Zur Forderung des BDA- Präsidenten Dieter Hundt nach Lohnsenkungen erklärt die Bundestagsabgeordnete Ulla Lötzer, Obfrau der Fraktion Die LINKE im Ausschuß für Wirtschaft und Technologie:
Die Forderung des Arbeitgeberpräsidenten nach Lohnsenkungen sind ebenso unverschämt wie wirtschaftspolitisch falsch: Hundt will die Beschäftigten statt der Vermögenden für die Kosten der Krise bluten lassen.
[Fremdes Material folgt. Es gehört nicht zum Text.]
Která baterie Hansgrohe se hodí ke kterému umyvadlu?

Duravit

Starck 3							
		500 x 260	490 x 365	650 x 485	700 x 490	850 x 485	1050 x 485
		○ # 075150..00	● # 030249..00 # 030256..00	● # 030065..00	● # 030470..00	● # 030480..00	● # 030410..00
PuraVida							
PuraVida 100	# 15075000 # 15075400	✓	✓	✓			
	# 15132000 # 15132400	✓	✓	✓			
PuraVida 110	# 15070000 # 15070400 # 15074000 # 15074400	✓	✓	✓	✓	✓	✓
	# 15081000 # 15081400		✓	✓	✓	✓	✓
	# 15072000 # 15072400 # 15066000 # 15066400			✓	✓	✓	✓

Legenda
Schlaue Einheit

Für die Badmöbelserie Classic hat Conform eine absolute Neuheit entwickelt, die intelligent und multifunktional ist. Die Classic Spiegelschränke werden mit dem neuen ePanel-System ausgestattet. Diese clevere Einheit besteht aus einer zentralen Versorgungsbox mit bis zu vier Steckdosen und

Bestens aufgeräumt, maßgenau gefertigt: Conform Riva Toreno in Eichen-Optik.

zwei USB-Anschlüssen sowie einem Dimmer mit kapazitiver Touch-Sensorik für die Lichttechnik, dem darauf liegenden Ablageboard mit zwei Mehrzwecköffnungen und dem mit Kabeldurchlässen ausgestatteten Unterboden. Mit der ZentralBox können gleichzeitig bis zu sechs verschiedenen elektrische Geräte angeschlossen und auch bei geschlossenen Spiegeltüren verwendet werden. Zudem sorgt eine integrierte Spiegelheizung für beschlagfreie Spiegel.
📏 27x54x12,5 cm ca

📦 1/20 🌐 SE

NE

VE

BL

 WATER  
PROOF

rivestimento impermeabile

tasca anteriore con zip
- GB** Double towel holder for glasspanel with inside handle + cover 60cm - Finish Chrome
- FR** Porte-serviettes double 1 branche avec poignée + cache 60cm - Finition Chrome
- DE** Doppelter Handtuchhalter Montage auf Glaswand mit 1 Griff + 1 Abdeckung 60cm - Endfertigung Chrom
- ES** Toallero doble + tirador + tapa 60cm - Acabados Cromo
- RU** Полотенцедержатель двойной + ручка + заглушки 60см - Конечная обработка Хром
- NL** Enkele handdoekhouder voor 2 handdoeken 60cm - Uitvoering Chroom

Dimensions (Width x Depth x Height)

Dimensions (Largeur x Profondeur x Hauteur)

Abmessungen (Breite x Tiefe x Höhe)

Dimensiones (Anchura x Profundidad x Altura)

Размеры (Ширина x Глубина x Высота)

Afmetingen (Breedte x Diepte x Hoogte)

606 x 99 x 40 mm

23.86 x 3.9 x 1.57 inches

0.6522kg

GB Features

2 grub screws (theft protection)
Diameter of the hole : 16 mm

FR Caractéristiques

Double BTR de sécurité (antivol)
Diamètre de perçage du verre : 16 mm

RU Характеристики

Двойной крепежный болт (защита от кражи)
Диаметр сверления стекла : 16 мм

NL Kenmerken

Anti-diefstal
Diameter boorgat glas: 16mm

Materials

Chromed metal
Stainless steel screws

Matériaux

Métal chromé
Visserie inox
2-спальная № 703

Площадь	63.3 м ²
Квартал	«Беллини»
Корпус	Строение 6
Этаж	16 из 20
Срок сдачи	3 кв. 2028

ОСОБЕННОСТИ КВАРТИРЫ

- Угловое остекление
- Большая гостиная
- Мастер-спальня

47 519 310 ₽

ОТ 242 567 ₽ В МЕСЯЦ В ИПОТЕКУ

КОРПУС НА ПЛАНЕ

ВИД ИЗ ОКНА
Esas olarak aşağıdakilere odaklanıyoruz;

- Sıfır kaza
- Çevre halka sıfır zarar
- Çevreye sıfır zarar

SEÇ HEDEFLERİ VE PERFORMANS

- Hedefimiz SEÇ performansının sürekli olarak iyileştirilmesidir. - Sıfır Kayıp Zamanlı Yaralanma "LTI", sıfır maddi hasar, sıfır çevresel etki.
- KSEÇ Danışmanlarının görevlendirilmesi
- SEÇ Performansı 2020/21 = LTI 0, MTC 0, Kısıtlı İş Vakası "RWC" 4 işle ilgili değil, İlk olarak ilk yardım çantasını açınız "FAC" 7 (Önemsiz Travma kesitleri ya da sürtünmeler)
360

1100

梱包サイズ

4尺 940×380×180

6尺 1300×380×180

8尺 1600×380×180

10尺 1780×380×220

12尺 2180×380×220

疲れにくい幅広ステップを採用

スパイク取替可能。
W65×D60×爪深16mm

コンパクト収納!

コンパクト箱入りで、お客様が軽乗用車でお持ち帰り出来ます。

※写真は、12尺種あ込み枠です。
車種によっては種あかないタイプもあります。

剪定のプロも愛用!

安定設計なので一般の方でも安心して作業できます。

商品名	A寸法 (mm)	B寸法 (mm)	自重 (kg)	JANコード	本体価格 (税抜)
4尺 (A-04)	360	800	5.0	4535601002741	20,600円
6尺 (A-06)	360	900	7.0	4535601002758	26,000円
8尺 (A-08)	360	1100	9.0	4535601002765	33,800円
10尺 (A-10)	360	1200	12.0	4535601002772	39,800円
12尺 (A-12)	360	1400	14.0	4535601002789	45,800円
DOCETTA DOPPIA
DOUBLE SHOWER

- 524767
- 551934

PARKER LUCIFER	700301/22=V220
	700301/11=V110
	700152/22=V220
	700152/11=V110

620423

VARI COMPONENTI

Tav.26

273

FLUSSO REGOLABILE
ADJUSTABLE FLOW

Das würde die Krise durch weiter sinkende Binnennachfrage noch weiter verschärfen.
Gerade in Nordrhein- Westfalen, das nach den Ergebnissen einer Studie des Instituts für Arbeit und Qualifikation der Universität Duisburg- Essen (IAQ) bei den skandalösen ‚Unter- Fünf- Euro- Jobs’ bereits weit über dem Bundesdurchschnitt liegt, würden Hundts Vorschläge die massenhafte Armut trotz Arbeit verschärfen und so das Land tiefer in die Krise treiben.
Politisch sind Unverschämtheiten wie der Vorstoß des Arbeitgeberpräsidenten erst durch das langjährige Nichtstun der Bundesregierung in Sachen Niedriglöhne möglich geworden. Obwohl nach den Ergebnissen der zitierten Studie bereits 2007 mehr als jeder fünfte Abhängig Beschäftigte von Niedriglöhnen betroffen war, hat sie sich konkreten Schritten wie der der Einführung eines gesetzlichen Mindestlohnes konsequent verweigert.
Die LINKE fordert einen gesetzlichen Mindestlohn von 10 ¤, um den gesellschaftlichen Skandal massenhafter Armut trotz Arbeit dauerhaft zu überwinden. Durch steigende Nachfrage trägt ein solcher gesetzlicher Mindestlohn, wie er in den westlichen Nachbarländern üblich ist, zur Schaffung neuer Arbeitsplätze bei.